Beggars' death probe yet to reach CID

December 28, 2010 02:38 pm | Updated 02:38 pm IST - Bangalore:

Inmates of Nirashithara Parihara Kendra (Beggars' Home) on Magadi Road, being taken to Isolation Hospital on Old Madras road for treatment, in Bangalore on August 19, 2010. Photo : K Murali Kumar

Inmates of Nirashithara Parihara Kendra (Beggars' Home) on Magadi Road, being taken to Isolation Hospital on Old Madras road for treatment, in Bangalore on August 19, 2010. Photo : K Murali Kumar

The death of 286 inmates of the Beggars' Rehabilitation Centre over a period of eight months under mysterious circumstances, which came to light in August this year, may have shook the conscience of the city and compelled the Social Welfare Department to improve the physical conditions at the home.

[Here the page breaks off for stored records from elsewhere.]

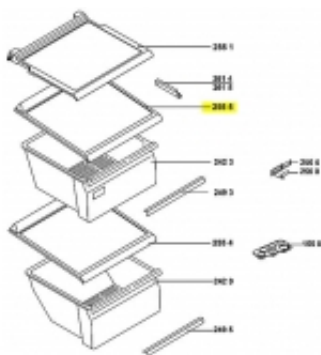

## 481010358148 - półka szklana

Cena	<b>106 zł</b>
Dostępność	<b>Na zamówienie</b>
Numer katalogowy	<b>C00312485</b>
Kod producenta	<b>481010358148</b>
Kod EAN	<b>8015250084658</b>
Producent	<b>Whirlpool</b>

### Opis produktu

pasuje komory chłodziarki w modelu 858645311020 WSC5533 A+N
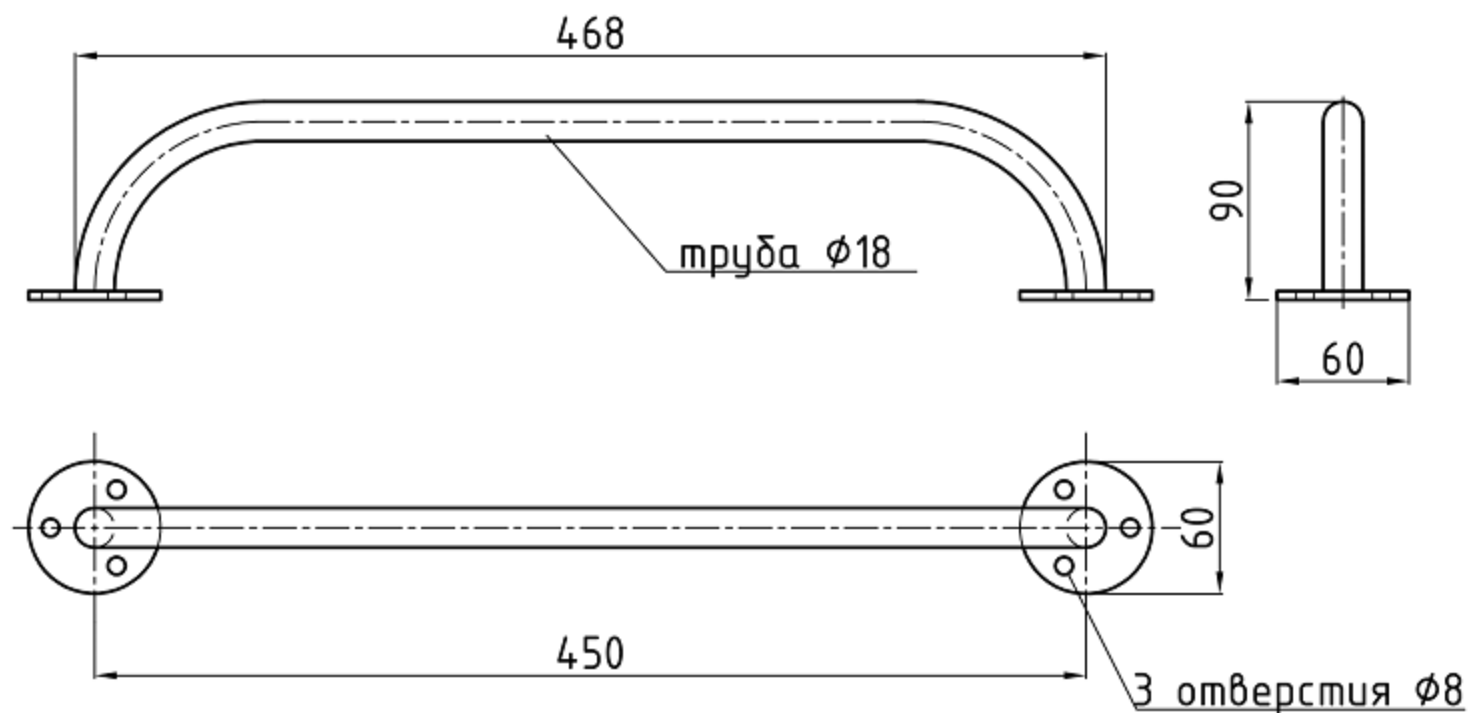

# Поручень настенный прямой 450, d18мм

\* все размеры указаны в мм;

\* допустимы отклонения от указанных размеров в пределах нормы.
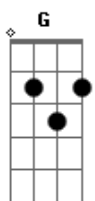

# AIMYON - Marigold

tom:

D (forma dos acordes no tom de C )

Capostrate na 2ª casa

Intro: C G Am Em F C F G

C Em7  
Kaze no tsuyosa ga chotto  
Am Em  
Kokoro wo yusaburisugite  
F C  
Majime ni mitsumeta  
F C G  
Kimi ga koishii

[Segunda Parte]

C Em7  
Hontou no kimochi zenbu  
Am G  
Hakidaseru hodo tsuyoku wa nai  
F C  
Demo fushigi na kurai ni  
F C G  
Zetsubou wa mienai

[Pré-Refrão]

Am C  
Me no oku ni zutto utsuru shiruetto  
F G  
Daisuki sa
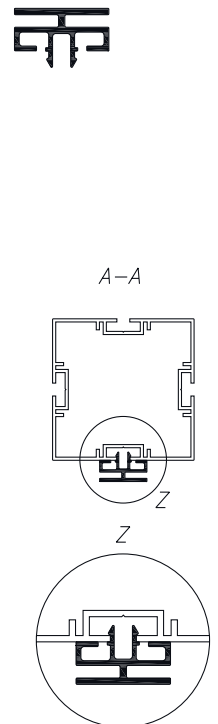

**VERARBEITUNG:
PROFIL 2157 AUF MOLTO 90 PROFILE**

**MANUFACTURE:
PROFILE 2157 ON MOLTO 90 PROFILE**

H = Höhenzwischenmass
Height intermediate dimension

L = Längen- oder
Breitenzwischenmass
Length or width intermediate
dimension

Segelmass:
Canvas size:
Segelhöhe: = H - 15 mm
Canvas height: = H - 15 mm

Segellänge: = L - 15 mm
Canvas length: = L - 15 mm
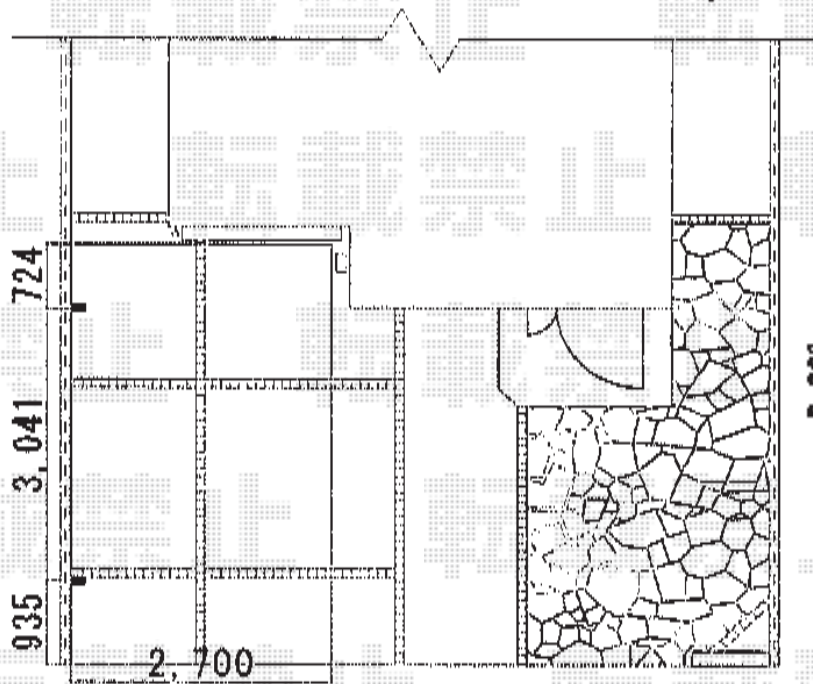

レイナポート 積雪～20cm対応

- レイナポート幅2,700の場合 -

YKK AP レイナポート 積雪～20cm対応

幅=2,700mm

奥行=5,052mm

色：プラチナステン

屋根材：熱線遮断ポリカーボネート（アースブルーマット調）

柱仕様：ハイルーフ柱仕様（有効高 約2,355mm）
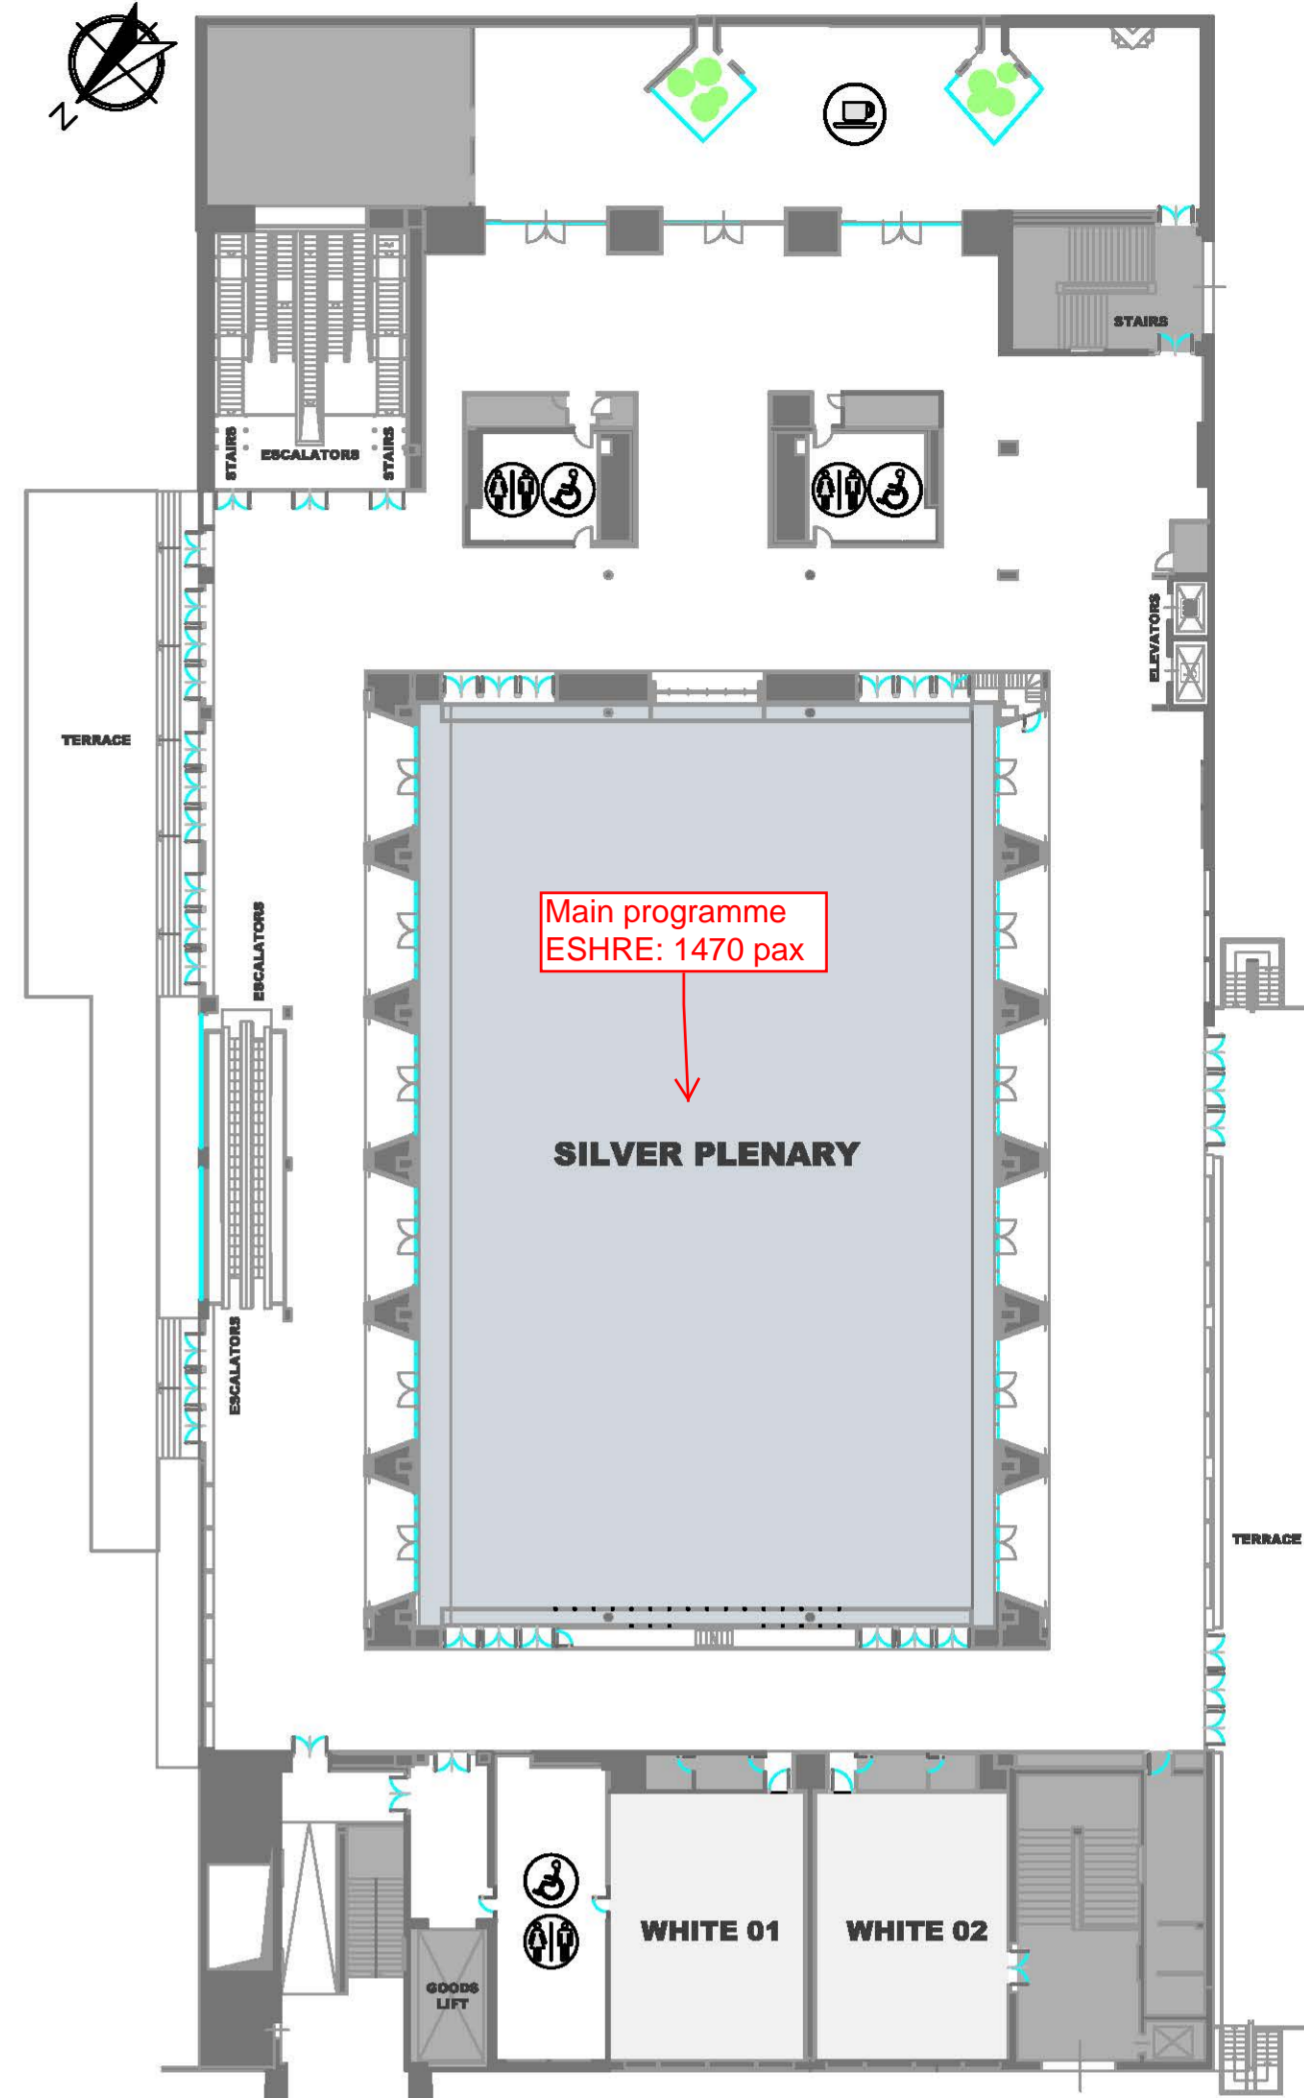

VIA GIOVANNI GATTAMELATA ▲

MiCo NORTH
LEVEL +2

0 mt 10 mt 20 mt

MiCo SOUTH
LEVEL +2

▼ VIALE EGINARDO
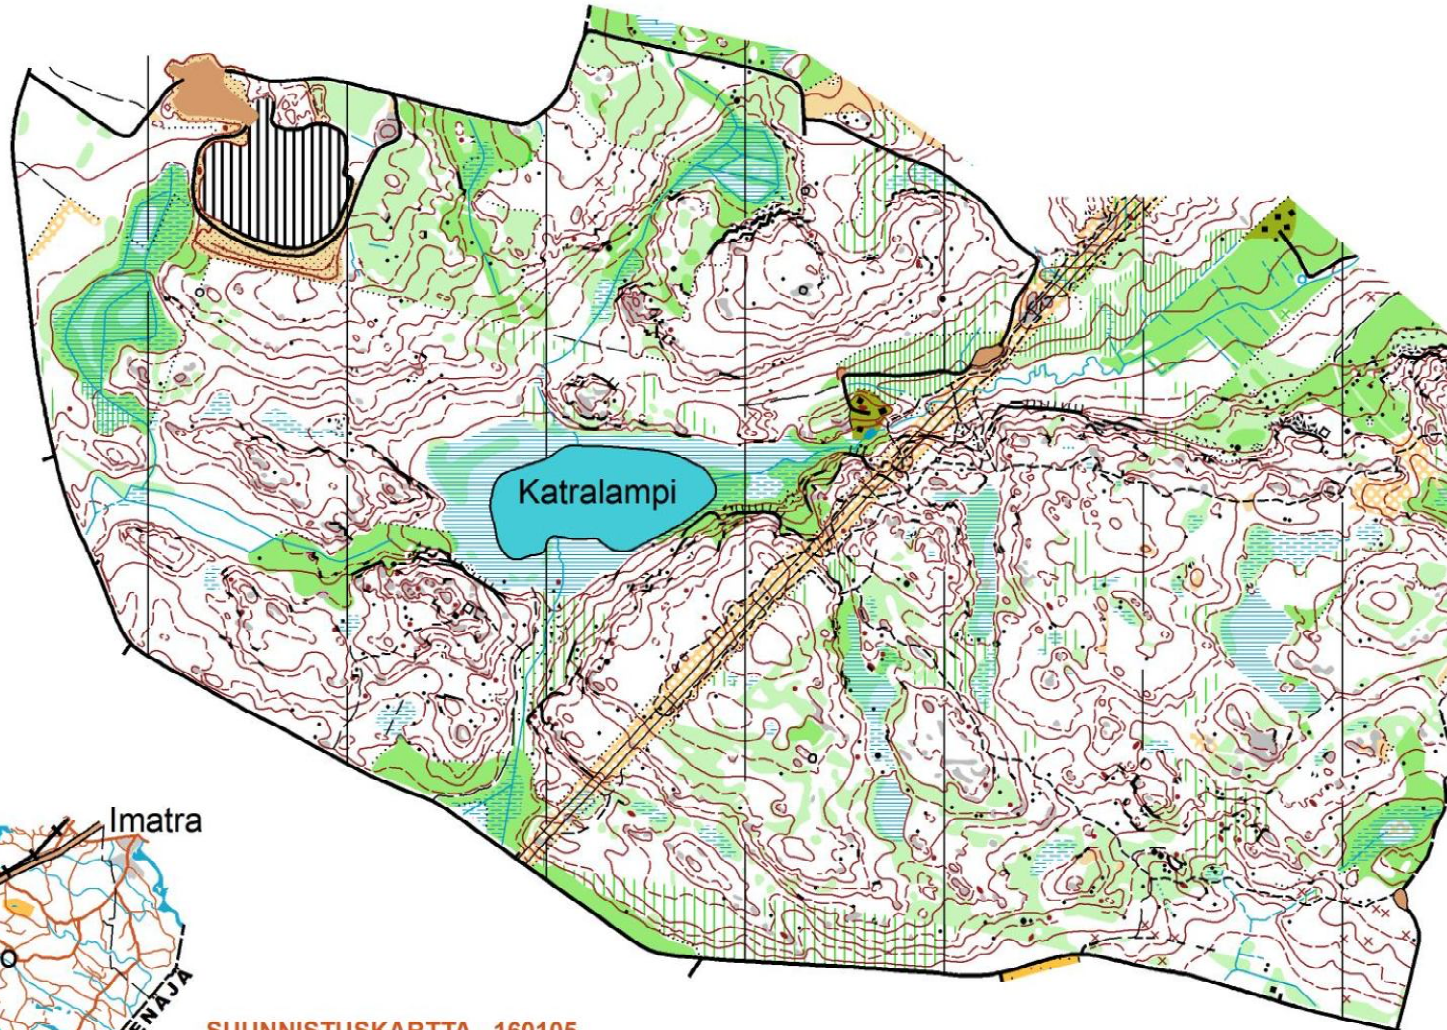

SUUNNISTUSKARTTA

KATRALAMPI

LAPPEENRANTA

1:10000 / 5m

Joutsenon Kullervo ry 2016

Kopiointi kielletty

SUUNNISTUSKARTTA 160105
POHJA-AINEISTO: MML:n LAS-aineisto 2009
KARTOITUS 1.8 km²: Markku Pietikäinen 2015
PIIRUSTUS: Markku Pietikäinen ocad 10 / 10838
TULOSTUS: Mapline, Sulkava 05.2016

But what is happening with the criminal investigation into the case is an altogether different story.

Though Social Welfare Minister A. Narayanaswamy had announced in October that the case will be handed over to Criminal Investigation Department (CID), the case is yet to reach them.

Director-General of Police (CID), D.V. Guruprasad, told The Hindu on Monday the case has not been handed over to them.

File with CM

According to sources, the file is still lying with the Chief Minister's office. Political uncertainty since then seems to have pushed this important issue into insignificance.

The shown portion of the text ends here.